Describe the current behavior
When a new iterator to a dataset containing a shuffle() iteration is opened after the old one became completely exhausted,
the memory held by the ShuffleDataset is not released / reused, resulting in massive memory leaks and ultimately in the process being killed by the OOM reaper.

For this purpose it does not matter whether we manually iterate over the dataset, use a Keras function like Model.fit() or chain a Dataset.repeat() operation at the end.
The original bug was found in production code and the condensed code below outlines roughly our original data pipeline
but perfectly reproduces the problem.

Describe the expected behavior
Memory usage should be constant when a new iterator to the Dataset is opened and there are no existing iterators anymore.

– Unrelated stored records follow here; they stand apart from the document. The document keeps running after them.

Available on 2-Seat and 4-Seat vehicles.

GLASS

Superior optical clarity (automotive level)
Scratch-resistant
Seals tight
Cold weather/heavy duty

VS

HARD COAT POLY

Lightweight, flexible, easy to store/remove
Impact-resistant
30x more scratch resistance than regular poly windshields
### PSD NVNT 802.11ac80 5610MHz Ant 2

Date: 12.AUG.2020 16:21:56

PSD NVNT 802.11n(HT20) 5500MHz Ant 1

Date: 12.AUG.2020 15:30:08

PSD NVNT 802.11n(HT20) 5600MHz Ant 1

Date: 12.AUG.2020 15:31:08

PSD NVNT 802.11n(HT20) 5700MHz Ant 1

To be extra safe it might be desirable to immediately release any memory held by the ShuffleDataset when iteration is done,
so that other components can use it. (maybe introduce parameter controlling the behaviour?). This could be very important in conjunction with Dataset.interleave(), e.g when we iterate 36 files with a cycle_length of four and only have enough memory to hold 4 shuffle buffers in memory. If memory is not immediately released, we would run out of memory after the first four files have been processed.

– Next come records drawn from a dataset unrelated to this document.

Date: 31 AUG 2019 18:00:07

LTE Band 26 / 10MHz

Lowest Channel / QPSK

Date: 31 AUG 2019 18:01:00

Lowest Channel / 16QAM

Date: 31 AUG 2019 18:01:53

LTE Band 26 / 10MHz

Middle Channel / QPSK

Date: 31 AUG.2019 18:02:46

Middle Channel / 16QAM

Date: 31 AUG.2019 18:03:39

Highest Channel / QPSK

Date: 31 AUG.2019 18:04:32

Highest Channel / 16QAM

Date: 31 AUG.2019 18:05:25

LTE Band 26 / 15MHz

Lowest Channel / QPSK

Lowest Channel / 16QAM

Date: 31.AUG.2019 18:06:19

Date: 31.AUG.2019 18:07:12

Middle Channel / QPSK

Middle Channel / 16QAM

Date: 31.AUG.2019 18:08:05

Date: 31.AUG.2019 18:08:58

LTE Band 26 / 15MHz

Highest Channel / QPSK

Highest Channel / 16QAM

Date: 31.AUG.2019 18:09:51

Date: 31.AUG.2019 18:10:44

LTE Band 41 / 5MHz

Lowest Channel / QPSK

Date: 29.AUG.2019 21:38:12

Standalone code to reproduce the issue
I run the code with the memory-profiler package (https://pypi.org/project/memory-profiler/) to generate plots of the memory usage. By default shuffle buffers are enabled but when any additional argv is passed, shuffle buffers will be disabled:

Example usage: mprof run --include-children test.py or mprof run --include-children test.py no-shuffle

I recommend at least 32 GB of memory so that you can properly observe the behaviour. Otherwise feel free to tune down the memory usage in the code, for example by reducing the image size from 512x512 to 256x256.

import sys
import tensorflow as tf

do_shuffle = len(sys.argv) <= 1

# Simulate reading from files
filenames = tf.data.Dataset.from_tensor_slices(['{}.data'.format(i) for i in range(16)])

def read_files(files):
    # In the original code we open TFRecordDatasets here
    N = 8192 * 4

    def gen():
        for _ in range(N // 32):
            yield tf.random.normal([32, 512, 512, 1])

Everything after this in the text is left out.